PROBLEM DETAILS -
Each line of the records below that contains "SIZE" needs to be copied.

Data entries:
▬▬▬▬▬▬▬▬▬▬

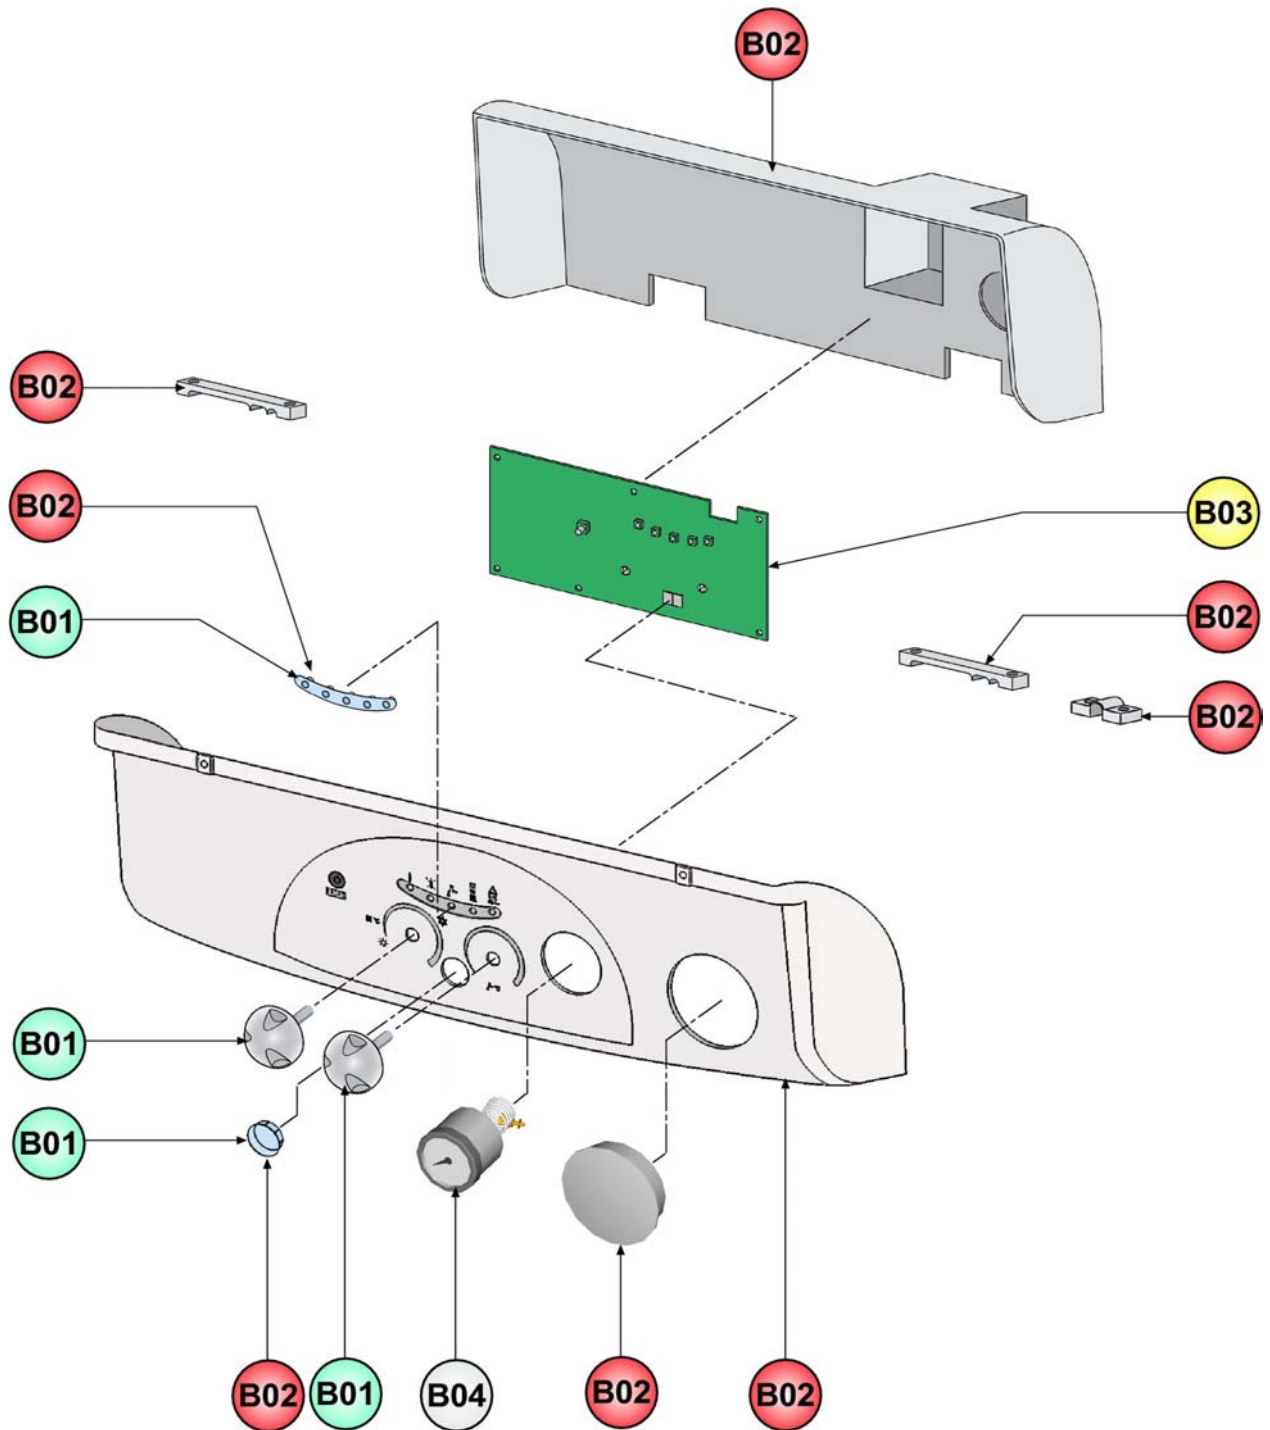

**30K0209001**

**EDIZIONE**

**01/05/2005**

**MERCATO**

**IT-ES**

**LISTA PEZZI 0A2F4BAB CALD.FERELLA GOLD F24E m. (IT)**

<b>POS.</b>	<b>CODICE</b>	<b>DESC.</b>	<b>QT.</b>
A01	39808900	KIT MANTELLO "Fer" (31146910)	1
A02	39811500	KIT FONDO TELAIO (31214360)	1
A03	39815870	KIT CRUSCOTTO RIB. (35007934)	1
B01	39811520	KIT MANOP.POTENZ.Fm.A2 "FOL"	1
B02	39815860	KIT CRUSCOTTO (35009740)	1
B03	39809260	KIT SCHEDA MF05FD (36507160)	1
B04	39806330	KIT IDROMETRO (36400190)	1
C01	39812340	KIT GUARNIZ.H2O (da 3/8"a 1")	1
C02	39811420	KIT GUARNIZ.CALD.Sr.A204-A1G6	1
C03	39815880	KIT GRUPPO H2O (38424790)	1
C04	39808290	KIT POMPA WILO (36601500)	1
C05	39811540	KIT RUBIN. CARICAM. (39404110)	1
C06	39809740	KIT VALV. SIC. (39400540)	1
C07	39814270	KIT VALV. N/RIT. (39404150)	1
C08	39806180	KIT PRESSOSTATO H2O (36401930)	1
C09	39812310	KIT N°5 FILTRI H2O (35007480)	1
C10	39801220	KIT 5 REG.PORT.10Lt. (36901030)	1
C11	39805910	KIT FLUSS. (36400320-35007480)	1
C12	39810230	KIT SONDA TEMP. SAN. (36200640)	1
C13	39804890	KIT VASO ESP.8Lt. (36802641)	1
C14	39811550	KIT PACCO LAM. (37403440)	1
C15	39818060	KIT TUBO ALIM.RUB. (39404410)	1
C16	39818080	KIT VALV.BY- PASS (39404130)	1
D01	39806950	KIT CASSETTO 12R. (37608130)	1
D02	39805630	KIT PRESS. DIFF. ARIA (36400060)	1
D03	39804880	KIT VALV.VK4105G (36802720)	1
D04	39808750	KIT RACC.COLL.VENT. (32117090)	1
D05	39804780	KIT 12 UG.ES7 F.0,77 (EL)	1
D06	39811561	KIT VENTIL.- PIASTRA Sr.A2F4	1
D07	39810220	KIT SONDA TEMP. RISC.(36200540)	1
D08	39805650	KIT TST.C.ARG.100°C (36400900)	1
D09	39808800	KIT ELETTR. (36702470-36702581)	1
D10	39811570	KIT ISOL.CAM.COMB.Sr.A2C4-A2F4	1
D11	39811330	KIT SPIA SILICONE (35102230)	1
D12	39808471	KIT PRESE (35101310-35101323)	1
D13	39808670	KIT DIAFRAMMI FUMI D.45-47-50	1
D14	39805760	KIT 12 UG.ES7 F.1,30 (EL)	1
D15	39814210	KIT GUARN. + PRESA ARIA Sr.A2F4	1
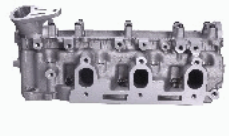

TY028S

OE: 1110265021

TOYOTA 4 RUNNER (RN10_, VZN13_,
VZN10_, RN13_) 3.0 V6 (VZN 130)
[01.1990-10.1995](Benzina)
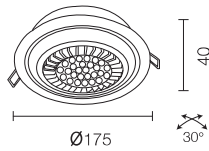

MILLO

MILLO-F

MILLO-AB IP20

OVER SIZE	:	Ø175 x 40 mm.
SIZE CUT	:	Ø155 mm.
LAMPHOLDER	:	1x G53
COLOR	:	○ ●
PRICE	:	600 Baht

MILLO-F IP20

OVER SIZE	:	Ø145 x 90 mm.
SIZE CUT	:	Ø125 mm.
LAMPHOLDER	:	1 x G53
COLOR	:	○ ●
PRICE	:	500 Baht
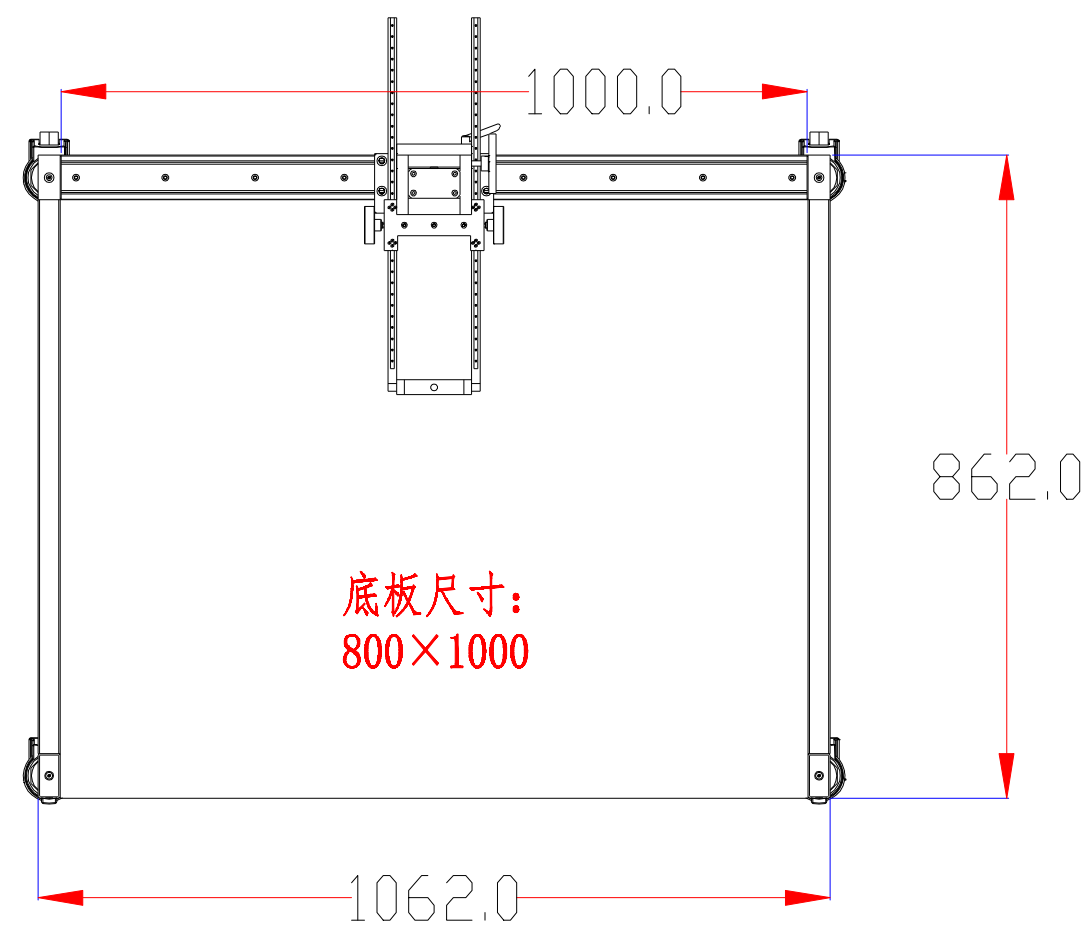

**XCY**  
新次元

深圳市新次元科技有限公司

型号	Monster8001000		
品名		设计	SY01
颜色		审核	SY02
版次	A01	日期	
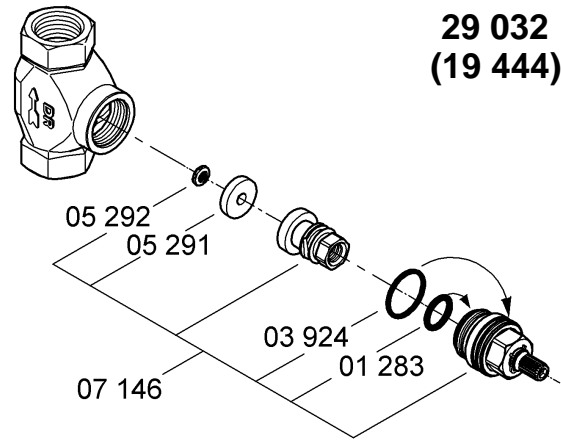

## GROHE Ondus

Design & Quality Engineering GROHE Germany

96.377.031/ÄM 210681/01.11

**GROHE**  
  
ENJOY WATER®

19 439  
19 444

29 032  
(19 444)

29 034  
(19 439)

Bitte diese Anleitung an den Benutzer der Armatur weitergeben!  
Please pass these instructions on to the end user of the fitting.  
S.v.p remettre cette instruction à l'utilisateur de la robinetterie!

▬▬▬▬▬▬▬▬▬▬

REPLY -
OVER SIZE	:	Ø175 x 40 mm.
SIZE CUT	:	Ø155 mm.
OVER SIZE	:	Ø145 x 90 mm.
SIZE CUT	:	Ø125 mm.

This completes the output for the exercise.